Valero to Spend $700 Million to Cut Pollution
USA: June 17, 2005


HOUSTON - Leading independent US refiner Valero Energy Corp. has agreed to spend $700 million to cut pollution at its refineries, according to a statement issued on Thursday by the US Department of Justice and US Environmental Protection Agency.

 


Valero has also agreed to pay $5.5 million in a civil penalty and spend another $5.5 million to further cut emissions and for support activities in communities where its refineries are located, according to the statement.

A similar settlement between Northeastern US refiner Sunoco and the EPA was announced on Thursday morning.

Valero's agreement is part of the EPA's Petroleum Refinery Initiative, which began in 1998 to bring US refineries into compliance with the US Clean Air Act. The settlements are negotiated under a lawsuit brought by the Justice Department.
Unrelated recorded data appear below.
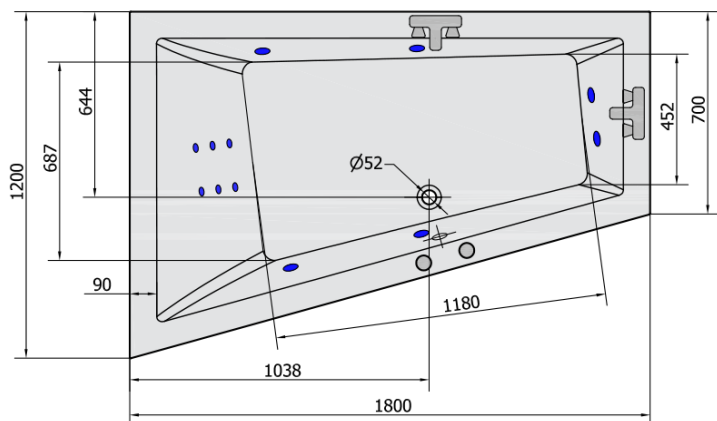

**TRIANGL L HYDRO Hydromassage-Badewanne,
180x120x50cm, weiss**

Bestellcode: 19611H

Grundinformation

Marke: Polysan
Serie: HYDROMASSAGE

Größe

Länge: 1800 mm
Breite: 1200 mm
Höhe: 500 mm
Umfang: 350 l

Eigenschaften

Farbe: Weiß
Material: Acrylic
Form: Asymmetrisch
Installation: Integrierte zum ummauern
Ablauf-Durchmesser: 52 mm
Eigenschaften: HYDRO Massage
Gewicht / Stück: 52.0 kg
Verpackung: 1 Stück
Garantie: 2 Jahre

Dazu empfehlen wir:

- 1 Stück RGB-Spot-Chromotherapie, 8 LEDs (Bestellcode: 91407)
- 1 Stück Montagestreifen selbstklebend für Badewannen, 3m (Bestellcode: 93400)

TRIANGL L HYDRO Hydromassage-Badewanne,
180x120x50cm, weiss

Technisches Arbeitsblatt

VOLUME 350L

H HYDRO
12 whirlpool jets
12 vodních trysek

Electric cable 3x2,5mm²
Lenght 2m from the wall

Elektrický kabel 3x2,5mm²
Délka kabelu ze zdi 2m

Electrical Characteristic:
Tension: 220-230V/50hz
Max. power consumption: 800W
Electric protection: residual-current device 30mA

So far, the EPA has negotiated settlements with companies operating 65 percent of US refining capacity, according to the statement.

Valero Chairman and Chief Executive Bill Greehey said the "vast majority" of issues covered by the settlement with EPA were problems with permits that occurred before Valero purchased the refineries.

"We're happy to have the agreement completed and we're looking forward to working with the EPA and the states to implement it," Greehey said. "Our emphasis was on providing proven state-of-the-art hardware and technology to reduce emissions, rather than focusing on operational restrictions to achieve emission reduction targets."

Valero has expanded rapidly since 1998 by purchasing 13 refineries in the United States, Canada and Aruba. The company agreed to purchase rival Premcor Inc., which operates four refineries, for $6.9 billion earlier this. That agreement is awaiting approval by the US Federal Trade Commission.

Sunoco agreed to spend $285 million on pollution-reducing equipment at its refineries and pay a $3 million civil penalty as well as $3.9 million on other environmental projects.

Tesoro Corp. as part of the agreement, will pay for projects to reduce emissions at its Golden Eagle refinery in Martinez, California, which it purchased from Valero in 2002.

Refineries owned by Valero covered by the agreement are located in California, Colorado, Louisiana, Oklahoma, and Texas. Refineries owned by Sunoco covered by the agreement are located in Ohio, Oklahoma and Pennsylvania.

Those states were also parties to the settlement.

The emission-reduction projects at the Valero refineries will be phased in over the next seven years and have already been included in capital budget planning by the company, Greehey said.